IgA Protease from Neisseria gonorrhoeae Inhibits Exocytosis in Bovine Chromaffin
Cells Like Tetanus Toxin
(Received for publication, August 3,
1994)
Torsten
Binscheck ,
Frank
Bartels,
Heidrun
Bergel ,
Hans
Bigalke ,
Shinji
Yamasaki,
Tetsuya
Hayashi ,
Heiner
Niemann,
Johannes
Pohlner
When tetanus toxin from Clostridium tetani or IgA
protease from Neisseria gonorrhoeae is translocated
artificially into the cytosol of chromaffin cells, both enzymes inhibit
calcium-induced exocytosis, which can be measured by changes in
membrane capacitance.

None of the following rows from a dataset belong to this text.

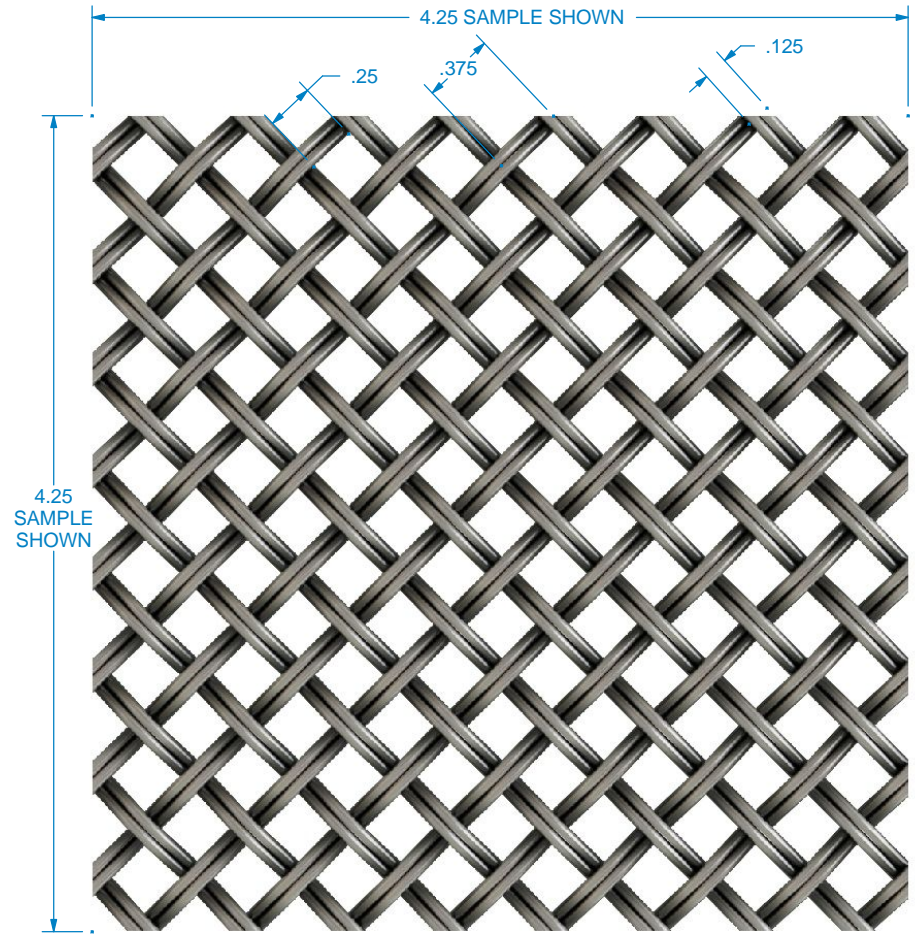

NAME	PART NUMBER	SIZE
.375" FLUTED DIAMOND DECORATIVE GRILLE	012472DK08F-1	24 X 72
.375" FLUTED DIAMOND DECORATIVE GRILLE	012436DK08F-1	24 X 36
.375" FLUTED DIAMOND DECORATIVE GRILLE SQ FT	01DK08F-1	12 X 12
.375" FLUTED DIAMOND DECORATIVE GRILLE SAMPLE	01SMPLDK08F-1	4 X 4

REVISION HISTORY		
REV	REV DATE	DESCRIPTION

TOLERANCES	
WIDTH	± .03125"
THICKNESS	± .03125"
LENGTH	± .0625"
ANGULAR	± x.x°
PROFILE	± x.xxx"
Use General Tolerances Unless Noted	

MATERIALS AND FINISHES	
PLEASE VISIT OUR WEBSITE FOR A COMPLETE LIST. www.brownwoodinc.com 1-800-328-5858	
NOTES:	
Do not scale. Use dimensions only. All dimensions are in inches unless noted	

TITLE: .375" FLUTED DIAMOND DECORATIVE GRILLE	
NOMINAL SIZE SEE TABLE	
DWG #: 01-DK08-1	REV:
DATE: 4/24/2023	SCALE: 1:1

The block of exocytosis caused by both proteases
cannot be reversed by enforced stimulation with increased calcium
concentration. This effect differs from the botulinum A
neurotoxin-induced block of exocytosis that can be overcome by
elevation of the intracellular calcium concentration. Tetanus toxin is
about 50-fold more potent than IgA protease in cells stimulated by
carbachol. In this case, the release of
[ H]noradrenaline was determined. Trypsin and
endoprotease Glu-C are hardly effective and only at concentrations that
disturb the integrity of the cells. Like tetanus toxin, IgA protease
also splits synaptobrevin II, though at a different site of the
molecule. However, unlike tetanus toxin, it does not cleave
cellubrevin. It is concluded that the membranes of chromaffin vesicles
contain synaptobrevin II, which, as in neurons, appears to play a
crucial part in exocytosis.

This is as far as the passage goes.